Hypertension and diabetes treatment and risk of adverse outcomes among breast cancer patients
Management of comorbidities is a critical issue among 2.9 million breast cancer survivors in the U.S. Hypertension and diabetes are two common chronic conditions affecting this patient population. Despite the generally good safety profile of widely used antihypertensive medications and diabetes treatments, few studies have examined their relationships with adverse breast cancer outcomes. In particular, metformin, a first line diabetes treatment, is hypothesized to lower the risk of incident breast cancer, but it is unclear whether metformin influences breast cancer progression. The purpose of this dissertation was to characterize how commonly prescribed classes of antihypertensive medications and diabetes treatments relate to adverse breast cancer outcomes.
We conducted a retrospective cohort study of women between ages 66 and 80 years newly diagnosed with stage I or II breast cancer during 2007-2011. A total of 14,766 eligible women were identified in the linked Surveillance, Epidemiology and End-Results (SEER)-Medicare database. Medicare Part D Prescription Drug Event data were obtained to characterize women’s use of commonly used antihypertensive medications (angiotensin-converting enzyme inhibitors (ACEIs), angiotensin II receptor blockers (ARBs), β-blockers, calcium channel blockers and diuretics) and diabetes treatments (metformin, sulfonylureas, insulin therapy and other diabetes treatments) after their breast cancer diagnosis.
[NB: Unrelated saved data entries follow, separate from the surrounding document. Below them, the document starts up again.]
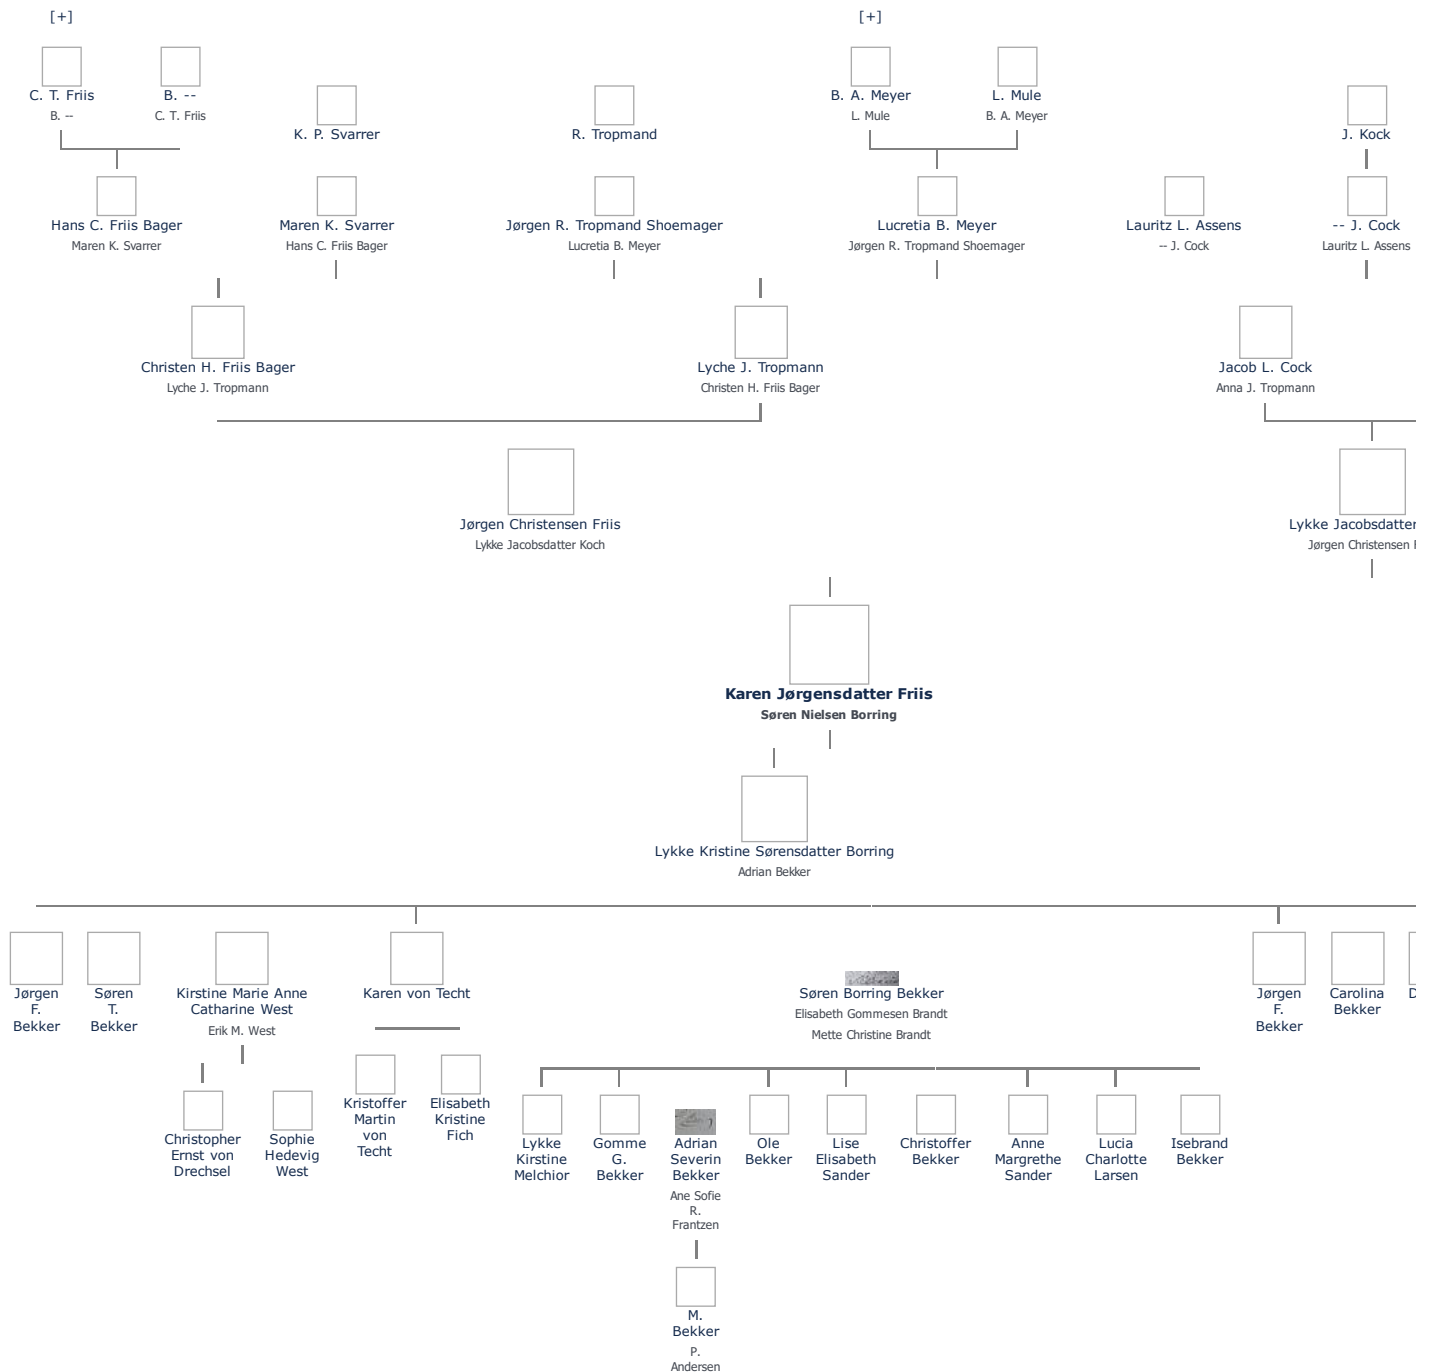

Karen Jørgensdatter Friis (1706 - 1780) ≡ ret

Henvining: Opret henvisning til hovedomtale af denne person: ≡ ret

Offentliggørelse: Alle informationer om denne person vises offentligt. ≡ ret

+ tilføj

Født - tid og sted ≡ ret	Forældre + tilføj
januar 1706	Jørgen Christensen Friis (- 1729) ≡ ret
Odense	Lykke Jacobsdatter Koch (1678 - 1728 eller senere) ≡ ret
<i>Billede af fødested</i> + tilføj	
	Ægtefælle/livspartner(e) + tilføj
Død - tid og sted ≡ ret	Søren Nielsen Borring (1701 - 1779) ≡ ret
2. juni 1780	
Død 74 år gammel	Børn + tilføj
	Lykke Kristine Sørensdatter Borring (1730 - 1761) ≡ ret
Begravet - tid og sted ≡ ret	Nicoline Sørensdatter Borring (1740 - 1810) ≡ ret
(ikke angivet)	

Stamtræ Vis lodret stamtræ **Optræder denne person i andre stamtræer?** **Se/ret** seneste nyt fra bruger 1748

Stamtræet viser op til 4 generationer af forfædre og 4 generationer af efterkommere. Det er markeret med [+] hvor stamtræet fortsætter. Som opretter af stambladet kan du se stamtræet i sin helhed ved at [klikke her](#) (vises i et nyt vindue)

Vis også personer oprettet af samme bruger som ikke p. t. har angivet relation i lige linie til Karen Jørgensdatter Friis.

Livshistorie

Livshistorien anvender standard-disposition. Klik her for at fravælge denne disposition
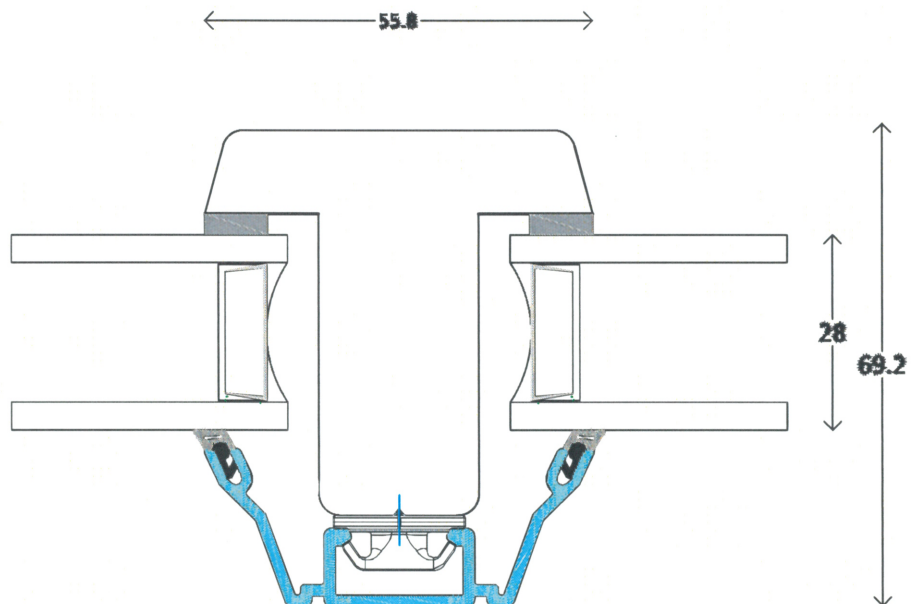

skjern
vinduer

Modern - AluCapFront

55 mm gennemgående sprosse
Vandret snit

V8

Profil : **Soft profil**
Tegning : **AKFm-423**
Oprettet : **12-08-14**
Rev.nr. : **00**
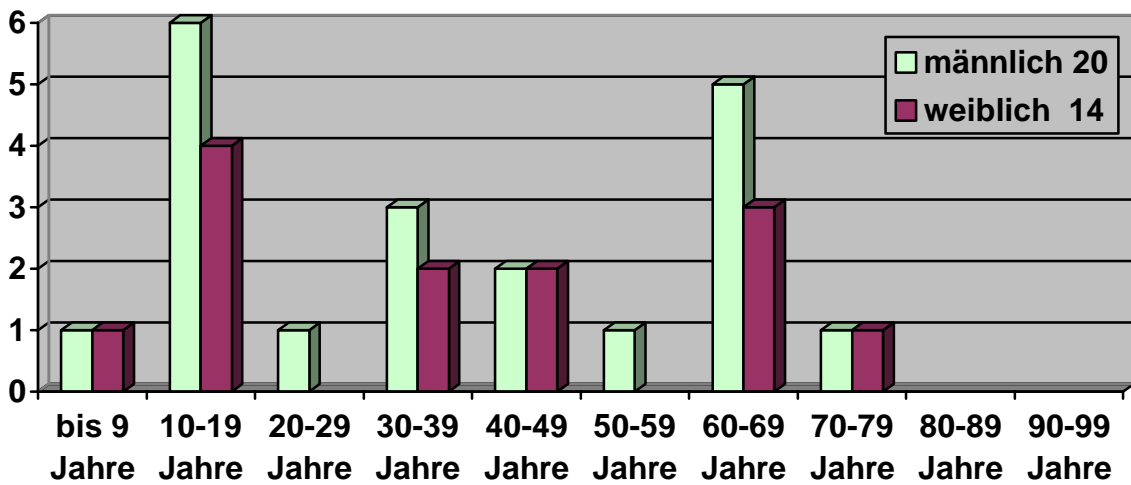

Die Gemeinde in Zahlen

Stand 31.12.2002
von Heribert Hänzgen

Altersgruppen insgesamt in der Gemeinde Baar:

Einwohner insgesamt 867 davon

Davon die Altersgruppen in den einzelnen Dörfern:

Niederbaar: Einwohner insgesamt 118 davon

Mittelbaar: Einwohner insgesamt 24 davon

Oberbaar: Einwohner insgesamt 170

Büchel: Einwohner insgesamt 65 davon

Engeln: Einwohner insgesamt 34 davon

Freilingen: Einwohner insgesamt 49 davon

Wanderath: Einwohner insgesamt 396 davon

Primary outcomes were any second breast cancer events (SBCEs, recurrence or second primary breast cancer, n=791), recurrence per se (n=627), and breast cancer-specific mortality (n=327). Time varying Cox proportional hazard models, adjusted for demographic characteristics, tumor characteristics, first course treatment and a history of diabetes and hypertension, were used to estimate hazard ratios (HRs) and their associated 95% confidence intervals (CIs).
Use of diuretics (n=8,517) after breast cancer diagnosis was associated with 40% (95% CI: 1.20-1.64), 41% (95% CI: 1.18-1.67) and 78% (95% CI: 1.32-2.40) higher risks of a SBCE, recurrence and breast cancer death, respectively, compared to nonusers of diuretics. Use of β-blockers (n=7,145) was associated with a 1.63-fold (95% CI: 1.24-2.13) higher risk of breast cancer death compared to women who did not use this class of drug. Use of angiotensin II receptor blockers was associated with 1.26-fold (95% CI: 1.08-1.48) higher risk of a SBCE. Use of calcium channel blockers and angiotensin-converting enzyme inhibitors were generally not associated with an altered risk of adverse breast cancer outcomes. With respect to diabetes treatments, use of metformin after breast cancer (n=2,558) was associated with a 22% (95% CI: 0.62-0.98), 26% (95% CI: 0.57-0.96), and 40% (95% CI: 0.40-0.90) lower risk of a SBCE, breast cancer recurrence, and breast cancer death, respectively, compared to metformin nonusers. Use of sulfonylureas and insulin were associated with 1.58 (95% CI: 1.08-2.30) and 2.64-fold (95%CI: 1.78-3.92) higher risks of breast cancer death, respectively, than women who did not use these drugs.
Use of certain types of antihypertensive medications after breast cancer diagnosis, including diuretics and β-blockers, may increase risk of adverse breast cancer outcomes among older women while use of metformin is associated with reduced risks of adverse outcomes. Additional research is warranted to clarify these potential associations.